→ Records shown:
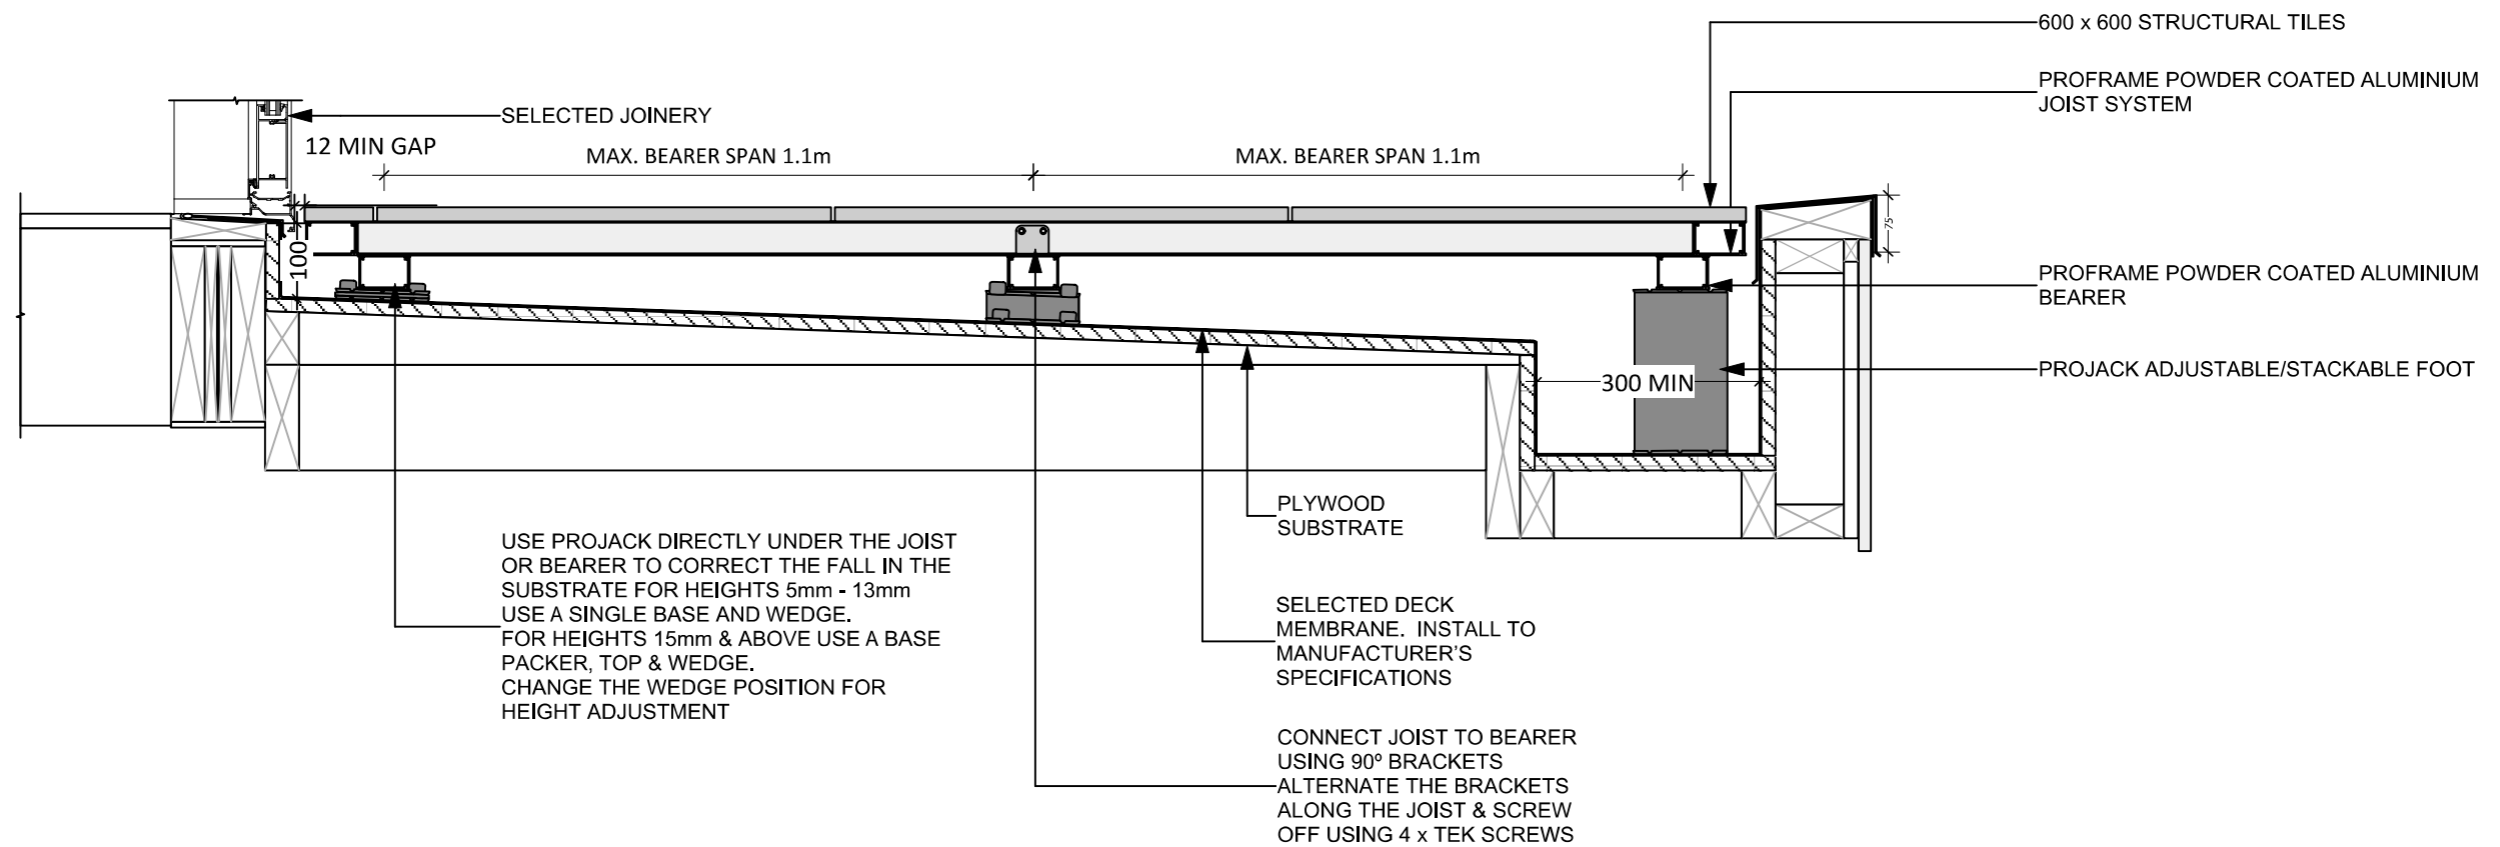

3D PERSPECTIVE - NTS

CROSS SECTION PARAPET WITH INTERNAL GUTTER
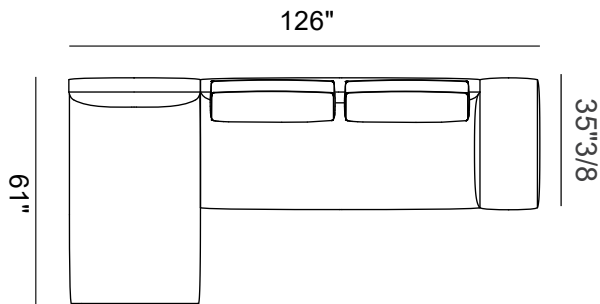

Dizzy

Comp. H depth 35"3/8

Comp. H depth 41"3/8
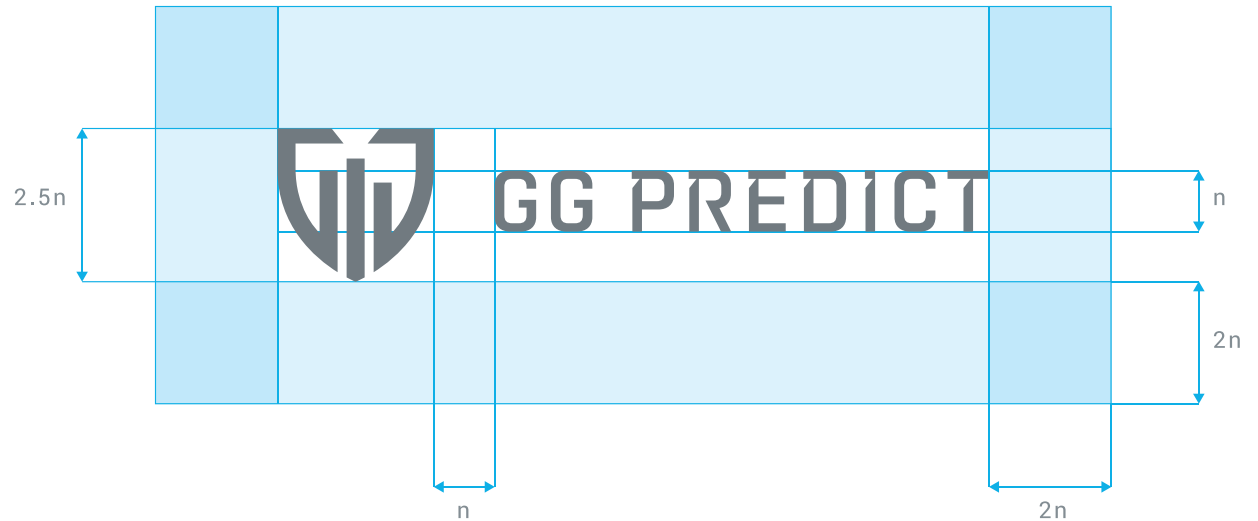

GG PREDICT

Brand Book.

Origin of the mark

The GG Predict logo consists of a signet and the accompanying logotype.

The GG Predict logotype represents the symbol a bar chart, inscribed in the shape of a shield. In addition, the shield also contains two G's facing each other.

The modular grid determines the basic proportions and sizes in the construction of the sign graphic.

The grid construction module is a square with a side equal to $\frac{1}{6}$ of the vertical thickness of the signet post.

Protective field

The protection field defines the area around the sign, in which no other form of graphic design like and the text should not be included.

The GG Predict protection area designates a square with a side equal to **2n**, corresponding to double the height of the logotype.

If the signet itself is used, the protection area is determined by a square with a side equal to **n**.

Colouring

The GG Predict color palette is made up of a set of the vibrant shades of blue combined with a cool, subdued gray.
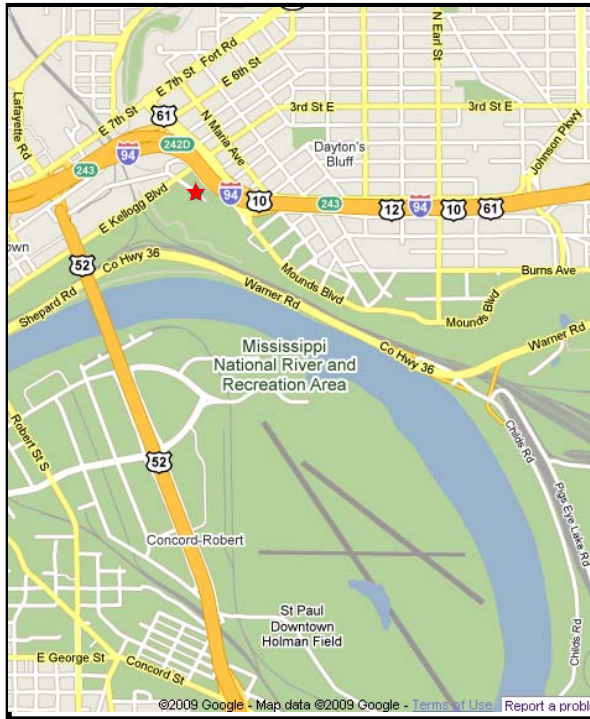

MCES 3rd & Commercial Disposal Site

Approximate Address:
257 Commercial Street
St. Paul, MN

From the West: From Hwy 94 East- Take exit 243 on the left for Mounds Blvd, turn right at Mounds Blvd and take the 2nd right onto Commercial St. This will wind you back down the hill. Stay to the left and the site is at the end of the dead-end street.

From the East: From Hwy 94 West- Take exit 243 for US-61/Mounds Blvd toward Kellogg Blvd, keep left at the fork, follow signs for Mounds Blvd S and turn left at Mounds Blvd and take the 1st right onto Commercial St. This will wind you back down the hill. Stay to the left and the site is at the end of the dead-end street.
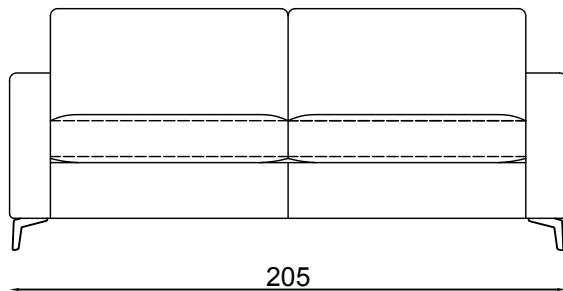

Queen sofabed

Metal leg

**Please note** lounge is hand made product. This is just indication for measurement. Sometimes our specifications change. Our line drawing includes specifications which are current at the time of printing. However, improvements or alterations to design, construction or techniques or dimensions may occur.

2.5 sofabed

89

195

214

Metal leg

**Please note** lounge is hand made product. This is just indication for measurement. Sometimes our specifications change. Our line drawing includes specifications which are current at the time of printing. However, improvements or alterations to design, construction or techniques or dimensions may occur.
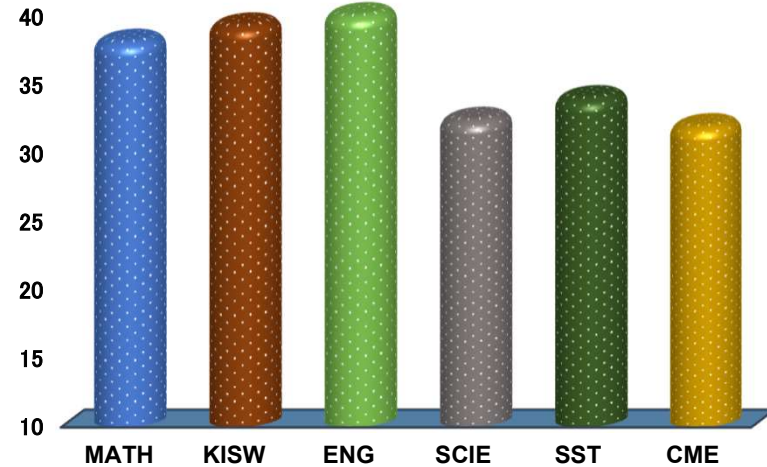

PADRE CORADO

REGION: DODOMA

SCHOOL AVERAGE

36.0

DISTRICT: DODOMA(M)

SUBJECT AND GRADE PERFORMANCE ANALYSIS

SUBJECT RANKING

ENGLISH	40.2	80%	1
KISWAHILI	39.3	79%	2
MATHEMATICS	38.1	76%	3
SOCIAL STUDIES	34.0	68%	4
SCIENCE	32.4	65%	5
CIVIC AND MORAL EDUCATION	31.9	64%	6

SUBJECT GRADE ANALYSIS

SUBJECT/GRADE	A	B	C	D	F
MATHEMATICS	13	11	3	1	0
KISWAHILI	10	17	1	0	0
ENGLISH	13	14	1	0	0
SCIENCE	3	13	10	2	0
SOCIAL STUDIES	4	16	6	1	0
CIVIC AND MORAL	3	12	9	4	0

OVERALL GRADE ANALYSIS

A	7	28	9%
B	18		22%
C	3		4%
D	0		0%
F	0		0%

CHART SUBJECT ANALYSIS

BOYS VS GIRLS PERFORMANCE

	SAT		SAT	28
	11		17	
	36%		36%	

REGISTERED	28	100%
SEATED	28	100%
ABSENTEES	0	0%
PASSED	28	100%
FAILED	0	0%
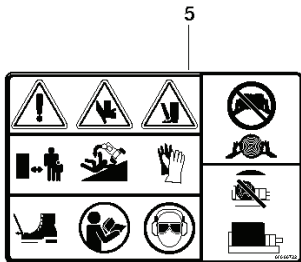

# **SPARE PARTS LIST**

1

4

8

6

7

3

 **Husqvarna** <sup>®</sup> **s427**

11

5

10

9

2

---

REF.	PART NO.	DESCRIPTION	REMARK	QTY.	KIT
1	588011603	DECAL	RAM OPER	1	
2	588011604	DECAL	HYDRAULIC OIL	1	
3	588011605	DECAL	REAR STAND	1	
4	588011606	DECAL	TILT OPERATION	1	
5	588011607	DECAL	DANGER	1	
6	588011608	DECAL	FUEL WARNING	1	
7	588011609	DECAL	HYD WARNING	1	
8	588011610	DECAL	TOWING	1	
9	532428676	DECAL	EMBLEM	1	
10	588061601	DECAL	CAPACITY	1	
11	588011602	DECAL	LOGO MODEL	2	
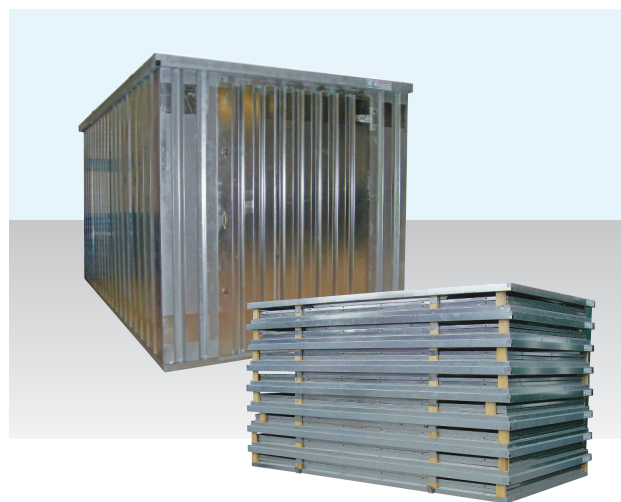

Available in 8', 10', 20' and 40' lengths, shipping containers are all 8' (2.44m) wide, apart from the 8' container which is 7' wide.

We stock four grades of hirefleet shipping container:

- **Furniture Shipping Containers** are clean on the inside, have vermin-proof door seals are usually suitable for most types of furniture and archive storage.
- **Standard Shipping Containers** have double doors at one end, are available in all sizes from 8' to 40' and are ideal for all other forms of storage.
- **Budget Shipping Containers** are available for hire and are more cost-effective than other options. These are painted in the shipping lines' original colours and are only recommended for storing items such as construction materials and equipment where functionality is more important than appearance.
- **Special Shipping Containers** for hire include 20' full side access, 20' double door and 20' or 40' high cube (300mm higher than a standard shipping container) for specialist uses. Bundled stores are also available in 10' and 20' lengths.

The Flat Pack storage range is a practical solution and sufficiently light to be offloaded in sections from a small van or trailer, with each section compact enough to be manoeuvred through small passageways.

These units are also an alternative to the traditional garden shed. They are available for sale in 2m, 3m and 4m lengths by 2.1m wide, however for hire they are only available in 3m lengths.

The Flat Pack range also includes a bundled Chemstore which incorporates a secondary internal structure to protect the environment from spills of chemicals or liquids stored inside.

→ Task details: Look through the entries above, find each line containing "equal", and copy it.

→ Output for this exercise:
The grid construction module is a square with a side equal to $\frac{1}{6}$ of the vertical thickness of the signet post.
The GG Predict protection area designates a square with a side equal to **2n**, corresponding to double the height of the logotype.
If the signet itself is used, the protection area is determined by a square with a side equal to **n**.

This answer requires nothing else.